(Data items)
------------

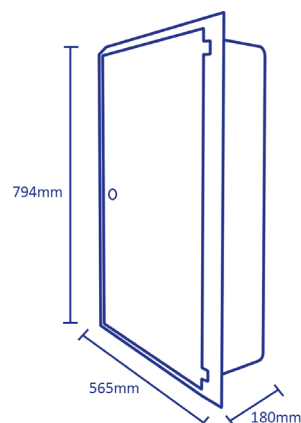

Dimensions

- Overall: 794mm x 565mm x 180mm (H x W x D)

How to Order

- Order as each
- 30002 available in pack quantities only
- State product codes
- Individually boxed and assembled with door

Disclaimer

Product Dimensions

Installation Advice

- This meter box should only be fitted by a suitably qualified person
- Minimum wall cut out of 715mm x 485mm required
- Build the box into the wall in the position specified, ensuring it does not bridge the damp proof course
- The base and sides of the box should be fully bedded into the mortar to hold it into the wall with the sides of the architrave touching the outer leaf of the brickwork
- A suitable Timloc cavity tray should be fitted as a damp proof course above and behind the box.
- Where a spigot is fitted, build the inner wall around it, filling any space between the spigot and the wall with mortar

Product Codes

Description	Colour	Box Quantity	Pack Quantity	Lead Time	Product Code
Electric meter box 3 phase recessed	White	1	4	Next Working Day	30002

------------

Beginning at the line with "- 30002 available in pack quantities only" and stopping after the line with "- Build the", please write out every line of the data above exactly and nothing else.

● EXERCISE ANSWER
- 30002 available in pack quantities only
- State product codes
- Individually boxed and assembled with door

Disclaimer

Product Dimensions

Installation Advice

- This meter box should only be fitted by a suitably qualified person
- Minimum wall cut out of 715mm x 485mm required
- Build the box into the wall in the position specified, ensuring it does not bridge the damp proof course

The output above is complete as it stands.